=== About this exercise ===
Write out all the entries word for word and omit any pictures.

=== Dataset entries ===
+++
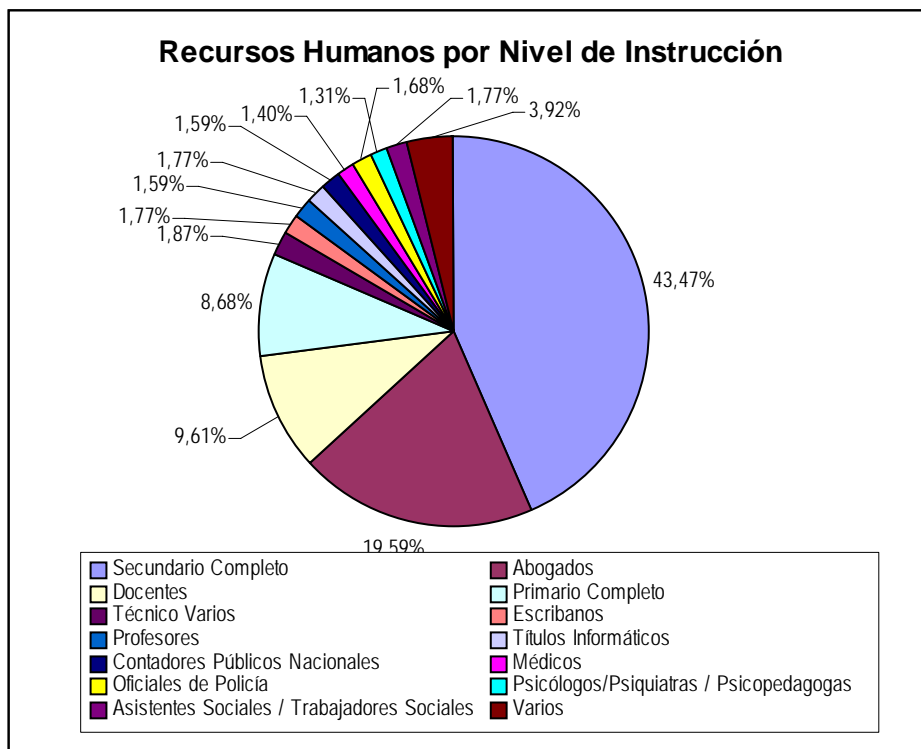

Varios: Martilleros. Ingeniero civil, forestal y químico. Maestro Mayor de Obras. Ciclo Básico. Licenciado en Enfermería
Títulos Informáticos: Analista en Sistema. Licenciado En Sistemas. Programador Universitario de Aplicaciones. Ingeniero en Sistemas. Analista en Computación Administrativa. Programador Universitario de PC.
Profesores: Profesor de Historia. Profesor en Ciencias de la Educación. Profesor en Educación Física. Profesor en Enseñanza Primaria. Profesor en Ciencias Económicas. Profesor en Enseñanza Diferencial
Tecnicaturas: Técnico en Administración Pública. Técnico en Administración de Empresas. Técnico Bibliotecario. Técnico en Ceremonial y Protocolo. Técnico en Estadística. Técnico Hidrólogo. Técnico Piscicultor. Técnico en Turismo
Observaciones: En el informe se incluyen magistrados y funcionarios

• CLASIFICACIÓN DE LA UNIDADES JUDICIALES POR FUNCIONES

FUNCIÓN ADMINISTRATIVA

Dependencia	Localidad
Secretaría de Gobierno	Formosa
Área de Estadística del Poder Judicial	Formosa
Sec. de Gob. – Administrativos	Formosa
Sec. de Gob. – Telefonistas/ Recep	Formosa
Sec. de Gob. – Intendencia Edif..Central	Formosa
Sec. de Gob. – Intendencia España 1	Formosa
Sec. de Gob. - Intendencia España 157	Formosa
Taller de Máquinas y Relojes	Formosa
Parque Automotor	Formosa
Prensa	Formosa
Servicio Administrativo Financiero	Formosa
S.A.F.- Suministro y Patrimonio	Formosa
S.A.F.- Depto. Contable	Formosa
S.A.F.- Depto. Impositivo	Formosa
S.A.F.- Mesa de Entradas	Formosa
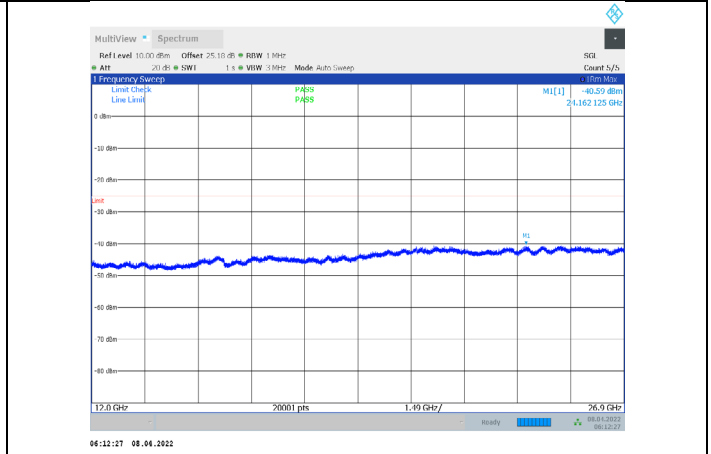

1-N7-PC3-15-5-M-1-CP-QPSK-Edge_1RB_Left-1@0-12000-26900-Ant1--40.59--25-PASS
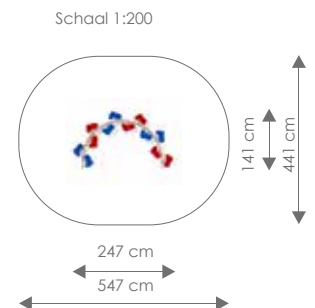

Product nr 7016 LOLA
€ 1.050,00

Afmetingen: 141 x 247 cm
Vrije ruimte: 441 x 547 cm
Totale hoogte: 30 cm
Valhoogte: 30 cm
+++
=== Answer section ===
Varios: Martilleros. Ingeniero civil, forestal y químico. Maestro Mayor de Obras. Ciclo Básico. Licenciado en Enfermería
Títulos Informáticos: Analista en Sistema. Licenciado En Sistemas. Programador Universitario de Aplicaciones. Ingeniero en Sistemas. Analista en Computación Administrativa. Programador Universitario de PC.
Profesores: Profesor de Historia. Profesor en Ciencias de la Educación. Profesor en Educación Física. Profesor en Enseñanza Primaria. Profesor en Ciencias Económicas. Profesor en Enseñanza Diferencial
Tecnicaturas: Técnico en Administración Pública. Técnico en Administración de Empresas. Técnico Bibliotecario. Técnico en Ceremonial y Protocolo. Técnico en Estadística. Técnico Hidrólogo. Técnico Piscicultor. Técnico en Turismo
Observaciones: En el informe se incluyen magistrados y funcionarios

• CLASIFICACIÓN DE LA UNIDADES JUDICIALES POR FUNCIONES

FUNCIÓN ADMINISTRATIVA

Dependencia	Localidad
Secretaría de Gobierno	Formosa
Área de Estadística del Poder Judicial	Formosa
Sec. de Gob. – Administrativos	Formosa
Sec. de Gob. – Telefonistas/ Recep	Formosa
Sec. de Gob. – Intendencia Edif..Central	Formosa
Sec. de Gob. – Intendencia España 1	Formosa
Sec. de Gob. - Intendencia España 157	Formosa
Taller de Máquinas y Relojes	Formosa
Parque Automotor	Formosa
Prensa	Formosa
Servicio Administrativo Financiero	Formosa
S.A.F.- Suministro y Patrimonio	Formosa
S.A.F.- Depto. Contable	Formosa
S.A.F.- Depto. Impositivo	Formosa
S.A.F.- Mesa de Entradas	Formosa

1-N7-PC3-15-5-M-1-CP-QPSK-Edge_1RB_Left-1@0-12000-26900-Ant1--40.59--25-PASS

Product nr 7016 LOLA
€ 1.050,00

Afmetingen: 141 x 247 cm
Vrije ruimte: 441 x 547 cm
Totale hoogte: 30 cm
Valhoogte: 30 cm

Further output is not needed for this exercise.